Financial traders operate or work in a high-risk, complex and fast-paced environment. Since they also deal with large sums of money in the same environment, they are susceptible to making mistakes. Although numerous risk reduction technologies and methods have been created over the years, the most effective one ought to be getting rid of the human element. Eye Capital, an Argentinian-based startup that focuses on natural language processing, appears to be fit for this role.
Eye Capital’s algorithms can read and interpret financial news in real time, which has caused the firm to create a buzz in the financial world. In an interview, Alejandra Litterio, the co-founder and CRO of Eye Capital, revealed more details about the company.
Origin of the Eye Capital
Eye Capital traces its background seven years back when Litterio was undertaking an academic project at Universidad Abierta Interamericana’s Centro de Altos Estudios en Tecnologia Informatica. The purpose of the project was designing an algorithm that could create correlations in the markets as well as forecast and automatically suggest whether to sell or purchase equities. In 2016, the project became successful, especially after Litterio’s husband, Juan Pablo Brana, met with some angel investors who shared their vision.
On May 4, 2017, Eye Capital became an official company, having begun as only an academic project. Currently, Litterio serves as the chief research officer whereas Brana is the CDO. The team, which is made up of six co-founders, prides itself on being a multidisciplinary company with the objective of being the first ever fintech aiming to develop AI algorithms.

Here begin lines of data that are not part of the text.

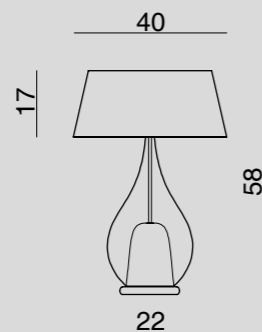

*1 LUMEN INDICATI CORRISPONDONO ALL'INTENSITÀ LUMINOSA ALL'ORIGINE DELLA SCHEDA LED
 *LUMEN INDICATED CORRESPONDS TO THE LUMINOUS INTENSITY AT THE ORIGIN OF THE LED BOARD

scopri di più
 find out more

LU1300
 LAMPADA DA TAVOLO / TABLE LAMP
 Glass Ø16 cm - H33 cm
 E14 1 x max 33W 220-240V
 CE IP20 1m

LUGIG1300
 LAMPADA DA TAVOLO / TABLE LAMP
 Glass Ø22 cm - H43 cm
 E27 1 x max 60W 220-240V
 CE IP20 1m

LUXXL1300
 LAMPADA DA TAVOLO / TABLE LAMP
 Glass Ø30 cm - H58 cm
 E27 1 x max 60W 220-240V
 CE IP20 1m

LU1303
 LAMPADA DA TAVOLO / TABLE LAMP
 Glass Ø16 cm - H43 cm
 E14 1 x max 40W 220-240V
 LED 1 x 4,3W 350 LUMEN 3.000K
 CE IP20 1m

LUGIG1303
 LAMPADA DA TAVOLO / TABLE LAMP
 Glass Ø22 cm - H58 cm
 E27 1 x max 60W 220-240V
 LED 1 x 4,3W 350 LUMEN 3.000K
 CE IP20 1m

LUXXL1303
 LAMPADA DA TAVOLO / TABLE LAMP
 Glass Ø30 cm - H78 cm
 E27 1 x max 60W 220-240V
 LED 1 x 4,3W 350 LUMEN 3.000K
 CE IP20 1m

COLORI VETRO DISPONIBILI / AVAILABLE GLASS COLOURS

ARTICOLI GIG E XXL NEL COLORE FUMÈ: SUPPLEMENTO DEL 10% SUL PREZZO DEL COLORATO / PRODUCTS GIG AND XXL IN FUME COLOR: 10% SURCHARGE ON THE PRICE OF THE COLOURED

Meaning of Natural Language Processing
According to Litterio, natural language processing entails the language that humans utilize to interact on a daily basis. However, by delving deeper into the main aspects of linguistics, the complexity of the field becomes more obvious. Worst case scenario, human communication is dependent on context.
Litterio explained in the interview how Eye Capital uses a multidisciplinary approach. She emphasized that different experts including translators, neurologists, philosophers, historians and anthropologists are all critical. The reason is that in a bid to train an AI algorithm, you require understanding various aspects like how human brain functions, the practicalities of building a functioning AI algorithm and how the neurons in the brain interconnect.

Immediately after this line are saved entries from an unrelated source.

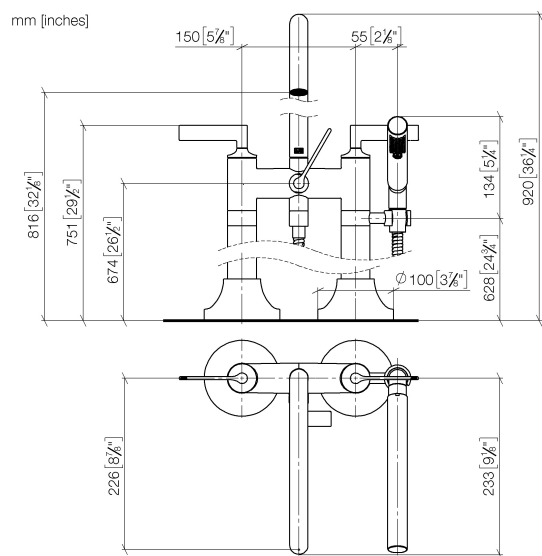

Ванна - VAIA

Смеситель для ванны на два отверстия для свободностоящего монтажа с ручным
 Артикульный номер: 25 943 819-00

- вылет 221 мм
- поворотный излив 360°
- ручной душ: нормальная струя
- излив: круглая обогащенная воздухом струя
- ручной душ с системой защиты от известковых отложений
- поворотный переключатель ванна / душ
- общая высота 920 мм
- высота вертикальных труб 628 мм
- высота до аэратора 816 мм
- накладные розетки Ø 100 мм
- расстояние между осями 150 мм
- металлический душевой шланг 1250 мм со встроенной защитой от перекручивания
- поворотный держатель для душа на правой вертикальной опоре
- расход макс. 24,6 л/мин при гидравлическом давлении 3 бара
- расход ручного душа макс. 6,8 л/мин
- Группа смесителей согл. DIN 4109: 1
- Защищён от обратного потока.
- (ADA)

хром

Для данного артикула требуются комплектующие.

Ванна - VAIA

Смеситель для ванны на два отверстия для свободностоящего монтажа с ручным
 Артикульный номер: 25 943 819-00

размерный чертеж

Все величины в мм / дюймах = мм x 0,0394

график расхода

Ванна - VAIA

Смеситель для ванны на два отверстия для свободстоящего монтажа с ручным
Артикулльный номер: 25 943 819-00

Другие варианты поверхностей

платина матовая
25 943 819-06

платина
25 943 819-08

With the existence of inherent risk in the financial trading industry, it is imperative to limit it, particularly in automated trading. Risk parameters come in handy when training artificial intelligence (AI) algorithm models that can eventually create portfolios with minimal risk and considerable returns.
Can the Technology Replace Traders?
If Eye Capital’s technology works successfully, it is highly unlikely to imagine it phasing out traders. However, Litterio said that putting such people out of work is not the company’s objective. She also pointed out the need for change and a tool that can effectively minimize risk, increase profits and manage portfolios efficiently.
Litterio believes that the general methodology, using machine learning and AI, would eventually replace financial traders. For her, such a situation would not be entirely wrong as it would create time and space for new enterprise areas and ecosystems to emerge.